As described above, in this embodiment, it is possible to analyze the enjoyment on the spot using gestures and sounds that the viewer reacts in a human manner, and incorporate it into the scoring results. This makes it possible to reflect elements (human reactions) that could not be caught by the conventional parameter-based evaluation algorithm, and to add realism to scoring.

<C: Modification>
As mentioned above, although embodiment of this invention was described, this invention is not limited to embodiment mentioned above, It can implement with another various form. An example is shown below. In addition, you may combine each following aspect suitably.
(1) In the above-described embodiment, the singer's voice picked up by the microphone 15 is scored. However, the input voice may be a voice picked up by the microphone 15 or stored in the storage unit 12 in advance. Audio data may be used. Moreover, it is set as the structure which provides a communication part in the karaoke apparatus 10, and audio | voice data received via this communication part may be scored. In short, any audio data input to the control unit 11 may be used.

(2) In the above-described embodiment, the karaoke apparatus is applied as the voice evaluation apparatus according to the present invention. However, the apparatus applied as the voice evaluation apparatus is not limited to the karaoke apparatus, for example, a personal computer, a mobile communication terminal, or a portable type. Various devices such as a game machine and a portable music player are applicable as the voice evaluation device according to the present invention.

(3) In the embodiment described above, the viewer's behavior detection and voice scoring are performed in real time. However, the present invention is not limited to this, and scoring may be performed when the singing is finished. Is optional.

(4) In the above-described embodiment, the scoring result is notified to the singer by displaying it on the display unit 13, but the notification mode is not limited to this, and for example, it may be notified by outputting a voice message.
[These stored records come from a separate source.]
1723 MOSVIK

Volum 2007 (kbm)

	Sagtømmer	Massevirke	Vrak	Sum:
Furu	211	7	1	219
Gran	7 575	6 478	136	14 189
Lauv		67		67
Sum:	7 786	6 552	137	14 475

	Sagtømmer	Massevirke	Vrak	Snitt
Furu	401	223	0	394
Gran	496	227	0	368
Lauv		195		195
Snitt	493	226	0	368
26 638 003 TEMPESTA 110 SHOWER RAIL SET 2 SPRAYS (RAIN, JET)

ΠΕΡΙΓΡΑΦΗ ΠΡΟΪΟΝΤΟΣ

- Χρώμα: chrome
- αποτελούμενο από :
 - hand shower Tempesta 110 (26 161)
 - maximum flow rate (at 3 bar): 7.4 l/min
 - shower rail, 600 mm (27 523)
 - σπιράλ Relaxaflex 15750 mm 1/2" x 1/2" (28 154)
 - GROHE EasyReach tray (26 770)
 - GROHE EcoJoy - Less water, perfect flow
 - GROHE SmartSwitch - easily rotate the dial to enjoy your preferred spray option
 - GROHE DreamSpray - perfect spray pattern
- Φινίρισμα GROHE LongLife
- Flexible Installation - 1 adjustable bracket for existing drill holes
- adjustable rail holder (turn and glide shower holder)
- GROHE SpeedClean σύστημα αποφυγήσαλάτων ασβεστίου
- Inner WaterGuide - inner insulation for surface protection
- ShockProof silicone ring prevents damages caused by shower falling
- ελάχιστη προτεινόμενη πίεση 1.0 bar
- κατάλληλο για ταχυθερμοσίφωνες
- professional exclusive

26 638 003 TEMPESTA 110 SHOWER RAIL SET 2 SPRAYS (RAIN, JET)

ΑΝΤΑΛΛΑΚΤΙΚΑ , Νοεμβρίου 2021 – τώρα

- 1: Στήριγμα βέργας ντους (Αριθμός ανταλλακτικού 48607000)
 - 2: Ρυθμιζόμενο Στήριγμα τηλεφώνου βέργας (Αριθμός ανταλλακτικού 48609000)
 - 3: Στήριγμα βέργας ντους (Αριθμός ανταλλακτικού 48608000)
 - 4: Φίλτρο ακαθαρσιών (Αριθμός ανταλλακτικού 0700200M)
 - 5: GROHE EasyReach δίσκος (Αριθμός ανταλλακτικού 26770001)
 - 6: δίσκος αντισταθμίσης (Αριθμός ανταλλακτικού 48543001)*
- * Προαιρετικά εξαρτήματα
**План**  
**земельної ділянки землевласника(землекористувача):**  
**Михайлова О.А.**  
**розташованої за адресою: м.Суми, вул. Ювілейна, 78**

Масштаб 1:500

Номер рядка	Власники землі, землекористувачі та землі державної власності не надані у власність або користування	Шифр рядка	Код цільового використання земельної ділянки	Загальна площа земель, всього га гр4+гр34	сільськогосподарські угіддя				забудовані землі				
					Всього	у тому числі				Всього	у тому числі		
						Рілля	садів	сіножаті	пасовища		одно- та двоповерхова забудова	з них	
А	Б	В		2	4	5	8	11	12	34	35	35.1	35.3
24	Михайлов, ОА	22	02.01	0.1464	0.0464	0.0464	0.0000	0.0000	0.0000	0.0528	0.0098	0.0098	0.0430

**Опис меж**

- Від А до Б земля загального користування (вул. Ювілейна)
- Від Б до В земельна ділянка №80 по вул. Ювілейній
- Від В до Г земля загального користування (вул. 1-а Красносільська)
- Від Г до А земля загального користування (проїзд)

Alternatively, a voice message indicating the scoring result may be output. Moreover, the form which transmits the information which shows a scoring result to a singer's mail terminal in an email format may be sufficient. In addition, information indicating the scoring result may be output to the storage terminal and stored. In this case, the singer can refer to the information by reading the information from the storage medium using a computer. it can. The scoring result may be printed out on a predetermined sheet. In short, what is necessary is just to output the information which shows a scoring result so that a message thru | or information can be conveyed to a singer by some means.
Further, the scoring result may be notified in real time during the singing, or the scoring result may be notified after the singing is finished, and the timing of notifying the scoring result is arbitrary.
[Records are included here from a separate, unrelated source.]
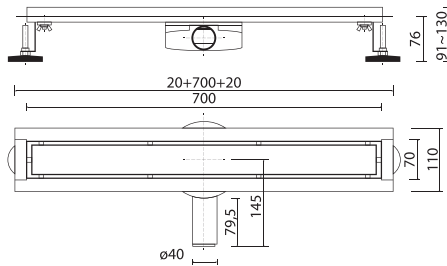

SE-051 - CALHA DUCHE RECTA

PEÇAS
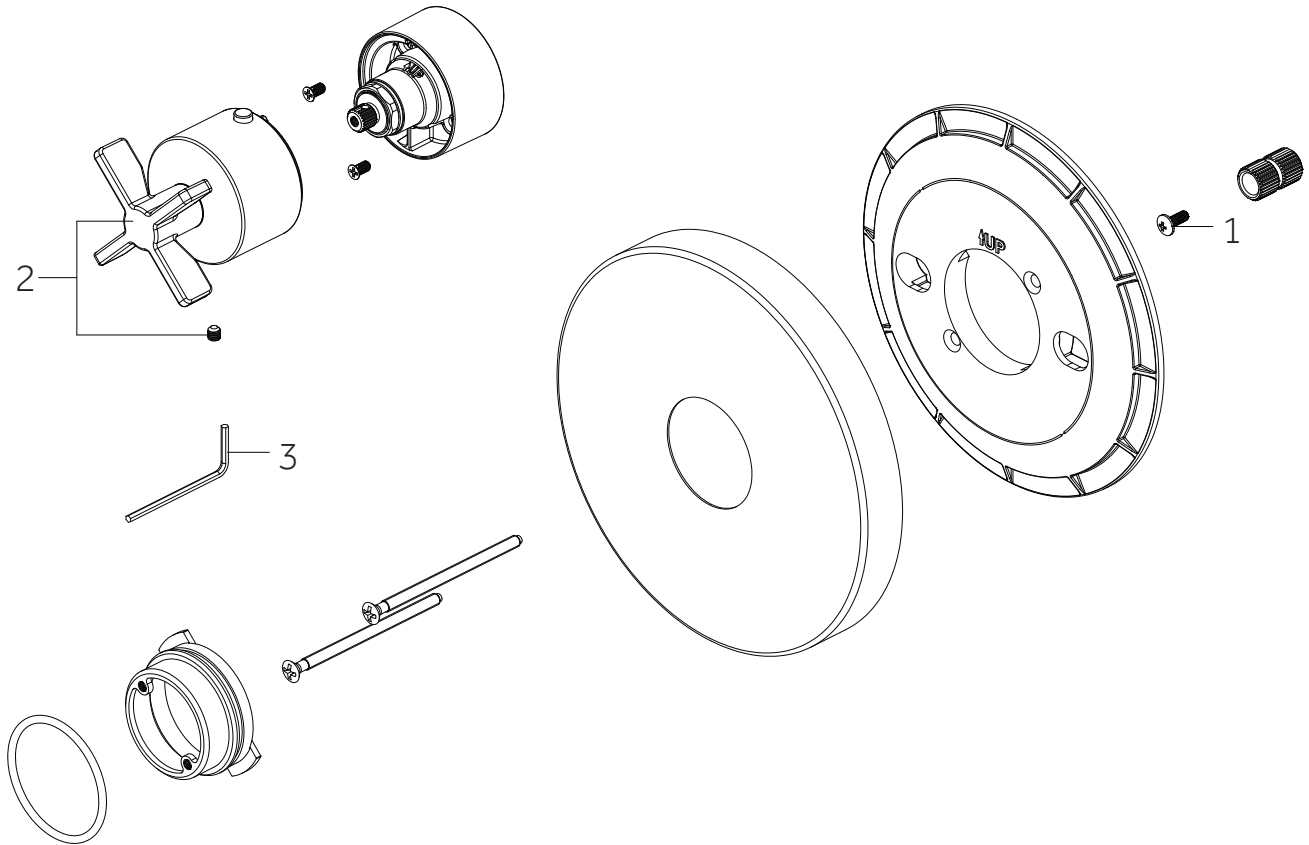

VASSOR

THERMOSTATIC SHOWER SYSTEM WITH BODY SPRAYS AND HAND SHOWER
 SISTEMA DE DUCHA TERMOSTÁTICO CON ROCIADORES CORPORALES Y MANODUCHA
 SYSTÈME DE DOUCHE THERMOSTATIQUE AVEC JUMELLES CORPORELLES ET DOUCHETTE À MAIN
 SKU: 955126

No.	Part Name	Piece	Nombre de pieza	Part No.
1	1/2" Thermostatic Valve Cartridge 3/4" Thermostatic Valve Cartridge	1/2" Cartucho de válvula termostática 3/4" Cartucho de válvula termostática	1/2" Cartouche de vanne thermostatique 3/4" Cartouche de vanne thermostatique	SH6004CRT SH6006CRT
2	Check valves & Stops - SH6004 Check valves & Stops - SH6006	Válvula de retención y parada - SH6004 Válvula de retención y parada - SH6006	Clapet anti-retour et arrêt - SH6004 Clapet anti-retour et arrêt - SH6006	OBPF3654851 OBPF3CT1002
3	Optional Extension Kit	Juego de extensión opcional	Trousse d'extension en option	SH6004EXT

No.	Part Name	Nombre de pieza	Pièce	Part No.
1	Screw	Tornillo	Vis	OBPF150142
2	Handle	Llave	Manche	OBPF13129
3	2.5mm Hex Allen Wrench	2.5mm Hex Llave Allen	2.5mm Hex Cié hexagonale	OBPF1RP70221

*Specify Finish / Especifica el Acabado / Spécifiez la Finition

No.	Part Name	Piece	Nombre de pieza	Part No.
1	1/2" Volume Control Valve Cartridge 3/4" Volume Control Valve Cartridge	Cartucho De Valvula De Control De Volumen De 1/2" Cartucho De Valvula De Control De Volumen De 1/2"	Valve de Contrôle de Volume 1/2" Valve de Contrôle de Volume 3/4"	SH6020CRT SH6040CRT
2	Optional Extension Kit	Juego de extensión opcional	Trousse d'extension en option	SH6020EXT

(5) In the above-described embodiment, a surveillance camera installed in a karaoke box is used as a photographing unit for photographing a viewer. The imaging unit is not limited to this. For example, a video from a dedicated camera may be used, or a video from a camera provided in a mobile communication terminal or the like may be used.
In the above-described embodiment, the photographing unit has photographed a moving image. However, the present invention is not limited to this, and a still image may be photographed and a viewer's behavior may be detected based on the photographed still image. In this case, for example, the viewer is photographed every predetermined unit time (for example, 1 minute), the viewer's face is recognized from the photographed image, and it is determined whether or not the viewer is laughing. . Note that facial expression recognition other than laughter may be performed.
In short, the photographing unit may be anything as long as it captures the viewer.

In addition, the method for detecting the viewer's behavior is not limited to the method described in the above-described embodiment. For example, the viewer's voice is collected and the collected voice is analyzed to detect the viewer's behavior. May be. In this case, a sound collecting means (such as a microphone) that outputs a sound signal representing the sound collected by collecting the sound of the viewer is provided, and the sound signal output by the sound collecting means is analyzed for viewing. The behavior of a person is detected. Specifically, for example, when a sound signal output from the sound collecting means is compared with a predetermined sound pattern and the degree of coincidence is within a predetermined range, the behavior corresponding to the sound pattern May be specified as viewer behavior.
In this case, as the sound collecting means, a microphone installed in the karaoke box may be used, or a dedicated microphone for collecting the voice of the viewer may be provided.
In this case, specifically, as the voice pattern, for example, voice characteristics (pitch, spectrum, etc.) emitted in various behaviors such as voice representing boos, voice representing yaji, voice representing applause, etc. What is necessary is just to memorize | store beforehand as a pattern and collate this memorize | stored audio | voice pattern and the pattern of the collected audio | voice.
For example, when booing or gouge is detected as the viewer's behavior, the control unit 11 adds a minus point, and when applause is detected as the viewer's behavior, the control unit 11 performs point addition processing. May be.
In this case, for example, if the environmental sound recorded through the microphone is quiet, it is judged that the song is “listening to the song” and the score is increased. If there is a big applause sound in the interlude, it is judged that it is “good”. The atmosphere of the place that appears in the viewer's behavior can be added to the scoring, such as increasing the score.
Note that the viewer's behavior may be detected by performing both the analysis of the viewer's voice and the analysis of the viewer's video.

  Further, as another configuration for detecting the listener's behavior, for example, an operation means operated by the viewer may be provided, and the viewer's behavior may be detected according to the operation content of the operation means. In this case, specifically, for example, an operation unit provided with various buttons for evaluating the skill of the singer's singing is provided, and when operated by the viewer, the operation unit is set according to the operated content. The operation signal is output to the control unit 11. The control unit 11 detects the viewer's behavior according to the operation signal supplied from the operation means.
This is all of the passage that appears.